Gather the lines from the material that contain "view".

Start of Data shown

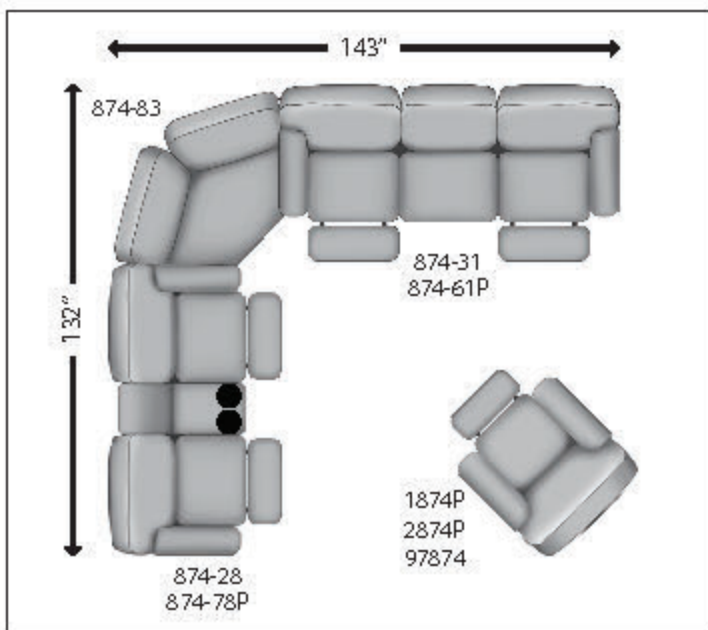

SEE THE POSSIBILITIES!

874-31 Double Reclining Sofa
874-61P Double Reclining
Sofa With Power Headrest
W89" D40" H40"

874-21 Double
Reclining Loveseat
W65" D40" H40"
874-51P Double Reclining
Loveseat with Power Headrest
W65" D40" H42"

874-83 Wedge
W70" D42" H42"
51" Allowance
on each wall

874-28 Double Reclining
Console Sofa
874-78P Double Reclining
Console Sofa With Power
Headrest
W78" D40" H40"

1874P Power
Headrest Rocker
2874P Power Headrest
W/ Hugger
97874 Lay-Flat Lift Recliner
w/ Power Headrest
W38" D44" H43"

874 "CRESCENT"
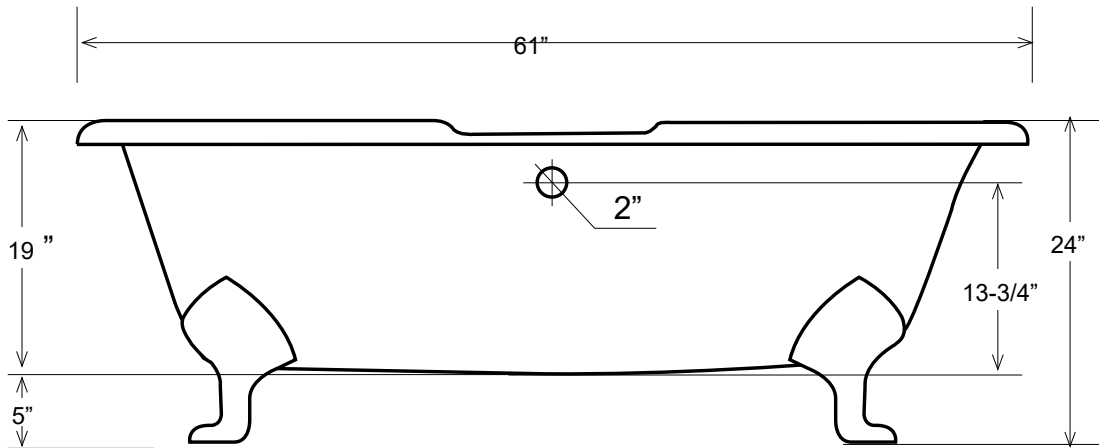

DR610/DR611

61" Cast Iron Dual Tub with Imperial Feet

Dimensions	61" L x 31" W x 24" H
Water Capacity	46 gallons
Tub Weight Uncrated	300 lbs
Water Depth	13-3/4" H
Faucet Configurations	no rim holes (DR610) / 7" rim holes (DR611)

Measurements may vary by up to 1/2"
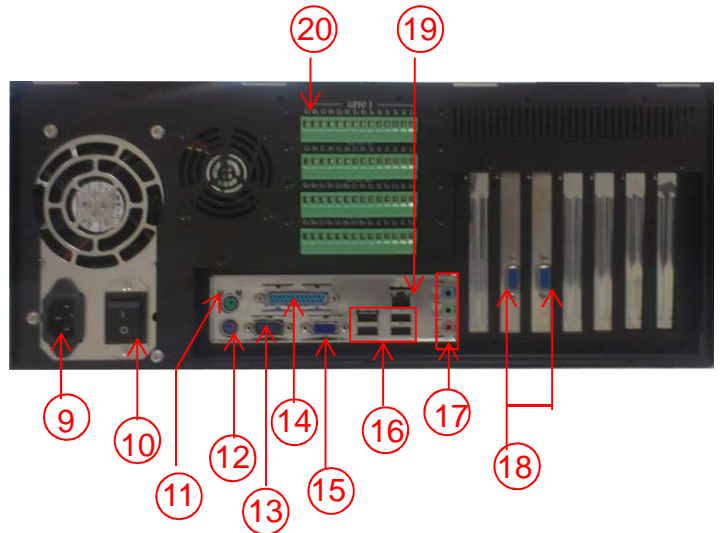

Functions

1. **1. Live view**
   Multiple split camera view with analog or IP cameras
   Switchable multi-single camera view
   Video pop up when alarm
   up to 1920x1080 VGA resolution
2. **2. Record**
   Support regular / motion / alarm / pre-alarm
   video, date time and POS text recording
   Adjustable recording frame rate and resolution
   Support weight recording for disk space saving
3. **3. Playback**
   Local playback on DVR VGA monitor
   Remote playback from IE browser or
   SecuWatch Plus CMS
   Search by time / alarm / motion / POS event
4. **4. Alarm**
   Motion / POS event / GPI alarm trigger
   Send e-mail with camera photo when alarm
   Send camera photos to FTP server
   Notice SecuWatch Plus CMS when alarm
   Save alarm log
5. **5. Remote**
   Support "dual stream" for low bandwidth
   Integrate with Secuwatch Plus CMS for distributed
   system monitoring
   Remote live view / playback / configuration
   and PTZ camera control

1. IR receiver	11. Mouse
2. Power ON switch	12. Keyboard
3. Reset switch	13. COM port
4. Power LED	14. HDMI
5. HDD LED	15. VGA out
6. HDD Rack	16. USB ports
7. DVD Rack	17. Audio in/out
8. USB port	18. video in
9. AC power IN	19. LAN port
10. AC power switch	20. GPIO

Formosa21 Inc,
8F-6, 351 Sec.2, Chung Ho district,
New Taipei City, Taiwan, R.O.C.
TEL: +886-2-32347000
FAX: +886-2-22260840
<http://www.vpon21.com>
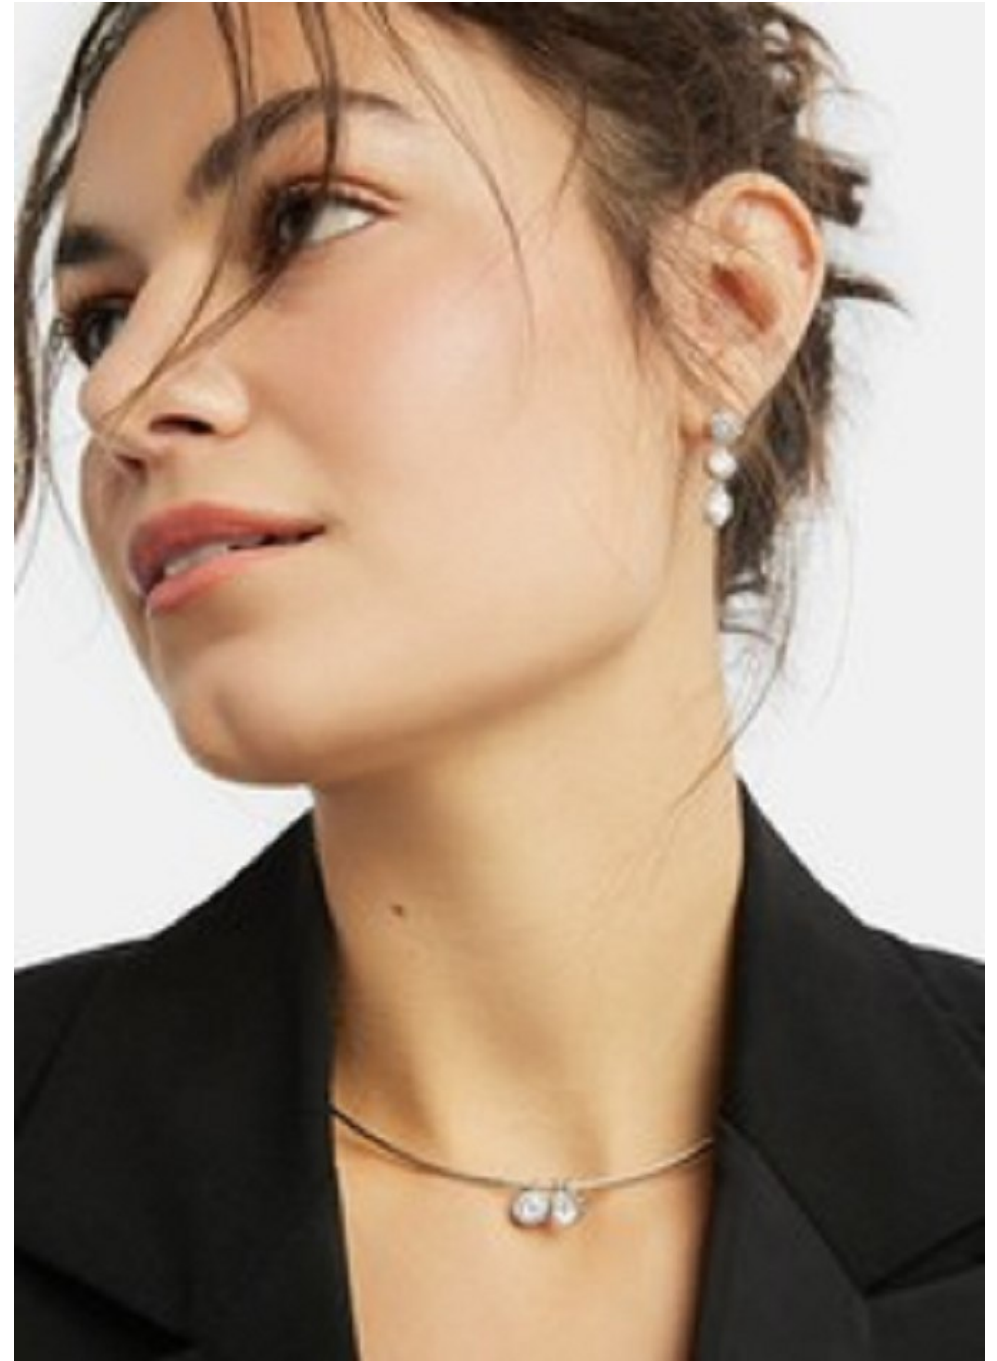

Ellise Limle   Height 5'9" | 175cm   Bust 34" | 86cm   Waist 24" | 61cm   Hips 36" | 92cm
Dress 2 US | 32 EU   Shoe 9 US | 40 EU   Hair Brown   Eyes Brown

End of Data shown

**Response:**
1. **1. Live view**
   Multiple split camera view with analog or IP cameras
   Switchable multi-single camera view
   Remote live view / playback / configuration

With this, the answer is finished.